Goldman’s results followed similar strong performances by JPMorgan Chase and Citigroup. Over all, Goldman’s revenue in the quarter rose to $8.6 billion, from $6.6 billion in the period a year earlier.
On Wall Street, the last couple of months were dominated by a sudden and sharp rise in interest rates after the Federal Reserve indicated it might wind down its big bond purchase program, which has helped the economy recover from the financial crisis.
A rise in interest rates can both help and hurt banks, depending on the businesses they are in. As rates rise, fewer borrowers are likely to refinance or buy a house, and that reluctance can cut into banks’ profit. Goldman, unlike its rival JPMorgan Chase, is not a big player in originating residential mortgages, but it does trade mortgages, and as rates increased, its revenue in this area fell. At the same time, the move by various central banks to raise rates ignited a flurry of currency trading, which helped Goldman and other banks.
On the analyst call, Mr. Schwartz, in response to a question, said investors needed to look into why rates were rising. If they are being driven by inflation, he said, that is more problematic than “returning to a normal world of more steady economic growth,” as many investors believe. “That is what we are rooting for,” he added.
The surge in interest rates was felt most acutely in Goldman’s fixed-income, or bond, department. Net revenue in the unit was $2.46 billion, up 12 percent, reflecting what the company said was significant higher net revenue in currencies, credit products and commodities. Still, these increases were offset in part by significantly lower revenue in mortgages and interest-rate products.
The bank reduced the risk it was taking in products related to interest rates. The firm’s so-called value-at-risk in rates declined to an average of $59 million in the second quarter from $83 million in the period a year earlier and $62 million in the first quarter. Value-at-risk is a yardstick of the amount of losses that could be experienced in one trading day.

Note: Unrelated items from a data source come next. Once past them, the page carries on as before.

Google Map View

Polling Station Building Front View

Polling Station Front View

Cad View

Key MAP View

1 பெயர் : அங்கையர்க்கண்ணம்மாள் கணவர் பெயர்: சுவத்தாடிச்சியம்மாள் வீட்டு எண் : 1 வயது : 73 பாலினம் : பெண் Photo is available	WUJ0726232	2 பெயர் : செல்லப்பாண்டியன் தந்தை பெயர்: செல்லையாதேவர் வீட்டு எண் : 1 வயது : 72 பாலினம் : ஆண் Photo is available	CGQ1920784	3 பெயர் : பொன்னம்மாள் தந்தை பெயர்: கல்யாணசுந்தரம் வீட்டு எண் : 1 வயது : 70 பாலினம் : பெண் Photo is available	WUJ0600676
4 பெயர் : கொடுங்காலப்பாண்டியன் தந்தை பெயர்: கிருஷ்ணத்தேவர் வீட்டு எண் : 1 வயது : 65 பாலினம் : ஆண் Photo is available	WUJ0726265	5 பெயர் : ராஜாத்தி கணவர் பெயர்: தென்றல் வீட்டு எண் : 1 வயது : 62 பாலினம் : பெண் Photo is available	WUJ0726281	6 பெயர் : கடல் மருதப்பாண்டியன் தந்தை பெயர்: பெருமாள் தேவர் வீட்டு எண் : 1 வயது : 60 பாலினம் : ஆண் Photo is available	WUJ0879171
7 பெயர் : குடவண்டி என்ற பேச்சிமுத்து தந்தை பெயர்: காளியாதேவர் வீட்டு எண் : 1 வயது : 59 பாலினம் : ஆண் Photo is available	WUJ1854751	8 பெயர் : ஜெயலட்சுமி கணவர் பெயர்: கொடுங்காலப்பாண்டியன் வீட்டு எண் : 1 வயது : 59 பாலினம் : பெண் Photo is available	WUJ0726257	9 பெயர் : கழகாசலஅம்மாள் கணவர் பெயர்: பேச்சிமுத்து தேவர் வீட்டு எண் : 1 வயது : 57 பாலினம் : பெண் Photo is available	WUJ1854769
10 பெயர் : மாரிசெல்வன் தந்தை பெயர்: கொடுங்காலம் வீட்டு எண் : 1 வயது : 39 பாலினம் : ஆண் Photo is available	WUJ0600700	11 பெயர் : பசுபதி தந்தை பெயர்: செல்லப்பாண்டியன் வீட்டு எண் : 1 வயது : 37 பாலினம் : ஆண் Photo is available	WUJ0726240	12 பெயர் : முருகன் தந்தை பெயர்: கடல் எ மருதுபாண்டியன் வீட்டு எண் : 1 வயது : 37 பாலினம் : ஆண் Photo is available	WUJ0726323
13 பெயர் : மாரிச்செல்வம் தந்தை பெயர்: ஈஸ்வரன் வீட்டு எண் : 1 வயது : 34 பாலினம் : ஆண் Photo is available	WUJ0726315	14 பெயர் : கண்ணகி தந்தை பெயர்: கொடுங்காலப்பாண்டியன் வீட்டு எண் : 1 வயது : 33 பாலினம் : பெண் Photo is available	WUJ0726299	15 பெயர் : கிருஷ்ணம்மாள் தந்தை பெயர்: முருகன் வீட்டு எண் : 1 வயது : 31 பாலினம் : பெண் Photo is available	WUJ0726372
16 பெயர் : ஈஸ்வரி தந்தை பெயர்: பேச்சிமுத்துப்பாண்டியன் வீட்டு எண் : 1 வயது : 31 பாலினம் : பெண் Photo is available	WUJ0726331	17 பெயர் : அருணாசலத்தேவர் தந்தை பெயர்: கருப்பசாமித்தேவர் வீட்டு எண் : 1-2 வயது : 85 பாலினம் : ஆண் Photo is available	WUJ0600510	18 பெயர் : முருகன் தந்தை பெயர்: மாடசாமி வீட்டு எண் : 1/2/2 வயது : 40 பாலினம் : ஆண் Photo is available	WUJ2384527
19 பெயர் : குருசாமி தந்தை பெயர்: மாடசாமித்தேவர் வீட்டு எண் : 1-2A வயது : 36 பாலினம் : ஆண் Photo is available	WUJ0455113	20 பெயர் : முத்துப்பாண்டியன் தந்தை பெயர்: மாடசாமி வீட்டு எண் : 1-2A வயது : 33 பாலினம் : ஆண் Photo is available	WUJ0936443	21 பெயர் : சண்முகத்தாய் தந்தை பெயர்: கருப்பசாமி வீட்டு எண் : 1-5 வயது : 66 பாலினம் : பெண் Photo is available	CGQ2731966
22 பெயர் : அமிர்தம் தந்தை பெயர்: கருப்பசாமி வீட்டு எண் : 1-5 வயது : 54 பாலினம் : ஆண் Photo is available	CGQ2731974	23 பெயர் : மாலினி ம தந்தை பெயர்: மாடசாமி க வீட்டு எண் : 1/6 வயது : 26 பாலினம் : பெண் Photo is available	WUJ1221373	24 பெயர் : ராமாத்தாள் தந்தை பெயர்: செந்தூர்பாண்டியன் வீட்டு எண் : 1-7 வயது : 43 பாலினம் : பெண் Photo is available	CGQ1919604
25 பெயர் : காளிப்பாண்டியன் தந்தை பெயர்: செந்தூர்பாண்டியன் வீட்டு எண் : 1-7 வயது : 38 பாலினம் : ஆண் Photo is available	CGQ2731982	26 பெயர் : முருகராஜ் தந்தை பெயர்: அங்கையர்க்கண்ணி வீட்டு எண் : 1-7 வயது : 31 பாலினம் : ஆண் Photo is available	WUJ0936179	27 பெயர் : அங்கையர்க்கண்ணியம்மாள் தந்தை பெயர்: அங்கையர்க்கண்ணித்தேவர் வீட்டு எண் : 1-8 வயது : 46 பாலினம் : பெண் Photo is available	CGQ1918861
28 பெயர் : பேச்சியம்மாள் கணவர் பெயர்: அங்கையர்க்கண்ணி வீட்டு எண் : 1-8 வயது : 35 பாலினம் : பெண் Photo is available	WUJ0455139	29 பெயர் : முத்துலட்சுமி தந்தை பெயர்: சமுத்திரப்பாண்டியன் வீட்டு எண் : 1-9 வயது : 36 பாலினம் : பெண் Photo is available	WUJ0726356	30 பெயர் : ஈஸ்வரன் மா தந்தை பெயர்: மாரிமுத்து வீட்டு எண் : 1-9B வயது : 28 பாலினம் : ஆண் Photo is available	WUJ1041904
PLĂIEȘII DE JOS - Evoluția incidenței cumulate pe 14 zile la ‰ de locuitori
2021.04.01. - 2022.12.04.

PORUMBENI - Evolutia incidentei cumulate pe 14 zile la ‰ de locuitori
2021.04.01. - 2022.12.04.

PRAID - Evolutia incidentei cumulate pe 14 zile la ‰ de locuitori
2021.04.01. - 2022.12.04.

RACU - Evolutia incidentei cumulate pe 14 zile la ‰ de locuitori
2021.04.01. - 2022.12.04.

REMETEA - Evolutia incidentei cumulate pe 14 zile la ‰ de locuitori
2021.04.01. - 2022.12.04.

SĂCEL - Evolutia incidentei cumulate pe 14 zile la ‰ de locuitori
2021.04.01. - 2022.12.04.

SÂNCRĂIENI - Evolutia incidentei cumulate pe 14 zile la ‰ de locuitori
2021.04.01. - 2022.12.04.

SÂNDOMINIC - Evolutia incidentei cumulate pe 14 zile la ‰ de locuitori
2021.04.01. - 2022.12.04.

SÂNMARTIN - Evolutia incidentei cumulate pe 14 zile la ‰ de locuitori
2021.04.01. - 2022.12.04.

The firm’s annualized return on equity was 10.5 percent for the quarter, up from 5.4 percent in the period a year earlier. It was far below its performance in boom years like 2006, when its return on equity was 41.5 percent.
Revenue from investing and lending activities came in at $1.42 billion, up from just $203 million in the period a year earlier. The firm had a rather rocky second quarter in 2012, and its results in that quarter included a big loss on a significant investment in this unit.

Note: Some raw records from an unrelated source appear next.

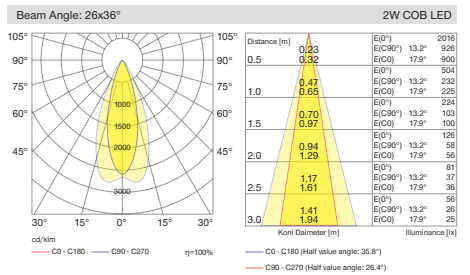

I01.MLT.99901

I01.MLT.99911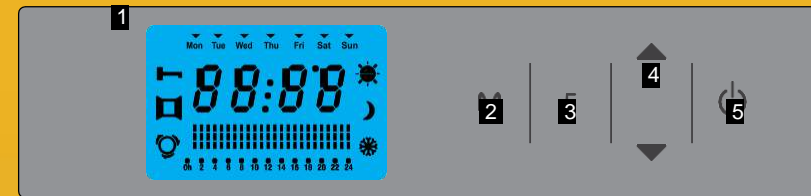

Sistem kontrole

Intuitivno korisničko iskustvo sa novim SIRIO interfejsom
1 LCD displej - 2 Podešavanje režima - 3 Podešavanje funkcije - 4 Strelice gore/dole - 5 Stand-by

SIRIO je opremljen podesivim digitalnim termostatom koji omogućava kontrolu sobne temperature, sa tačnošću od 0,2°C. Izaberite između 5 načina grejanja: Comfort, Comfort -1°C, Comfort -2°C, Eko - 3,5°C i zaštita od smrzavanja.

Sedmična programirana sobna temperatura i period grejanja + funkcija otkrivanja otvorenih prozora omogućava vam prilagođavanje radnog vremena SIRIO vašem svakodnevnom životu, a takođe štedite energiju.

Tehnički podaci

Asortiman SIRIO dostupan je u četiri različita modela - od 500 W, 1000 W, 1500 W, do 2000 W - čija su veličina i snaga dizajnirani da odgovore na potrebe svakog kućnog okruženja

Model	SIRIO 5	SIRIO 10	SIRIO 15	SIRIO 20
Ean kod	8019250199 022	8019250199 039	8019250199 046	8019250199 053
Dimenzije u cm. (Š x V x D)	45 x 42 x 10,2	65 x 42 x 10,2	85 x 42 x 10,2	105 x 42 x 10,2
Snaga @ 230V	500W	1000W	1500W	2000W
Ukušna dubina montiranog uređaja (cm.)	11	11	11	11
Elektronski termostat	•			
Neto težina (Kg)	3,90	5,65	7,15	8,60
Boja	Bela			

Točkovi se prodaju zasebno. Visina SIRIO sa točkovima je 50 cm. Dubina je 28,2 cm. IP24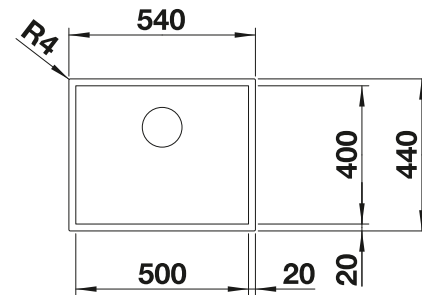

Profundidad cubeta 175 mm

Nota: también disponible en versión enrasada.

*Nota sobre el volumen del suministro: se necesita un juego de válvulas para los modelos bajo encimera sin repisa si se usa una válvula automática con pop-up. Recomendado: artículo núm. 232 459

Recomendación accesorios

Tabla de madera nogal con asa lateral en acero inoxidable.

223 074

€ 363,00

Escurreidor de acero inoxidable.

223 067

€ 397,00

Escurreidor plegable

238 482

€ 96,00

BLANCO UNIT con BLANCO ZEROX 500-U Dark Steel

BLANCOCULINA-S II

Consultar pág. 277

BLANCO SELECT II 60/3

Consultar pág. 339

Investment banking revenue rose 29 percent, to $1.6 billion, helped by significantly higher net revenue in debt and equity underwriting. Equity underwriting was a particular standout, jumping 55 percent, to $371 million. Debt underwriting rose 40 percent, to $695 million.
Goldman also disclosed that it had set aside $3.7 billion in the quarter for compensation, up 27 percent from the period a year earlier. The current accrual represents 43 percent of revenue, which is in line with other years. Banks like Goldman set aside compensation during the year but do not pay it out until they determine earnings for the full year.
Over the last year, Goldman has reduced its payroll to 31,700 employees, down 2 percent from the period a year earlier, as the firm continues to focus on cutting costs.
On the call, analysts also pressed Mr. Schwartz to disclose how close Goldman was to meeting leverage ratio requirements proposed recently by regulators — 5 percent for the big bank holding companies and 6 percent for insured deposit-taking subsidiaries. The leverage ratio calculates capital as a percentage of assets held as a buffer against losses when investments go bad.
“Our first assessment is we’re very comfortable with where we are,” Mr. Schwartz said. Not satisfied, a Morgan Stanley analyst, Betsy Graseck, took another run at the question. “What is your definition of comfortable?” she asked.
“Comfortable,” Mr. Schwartz responded. “I’m not trying to be cute with you. Look, it’s just come out. Our team has looked at it. Our early read is all of the things we’ve done on the balance sheet over the past several years have left us reasonably well positioned.”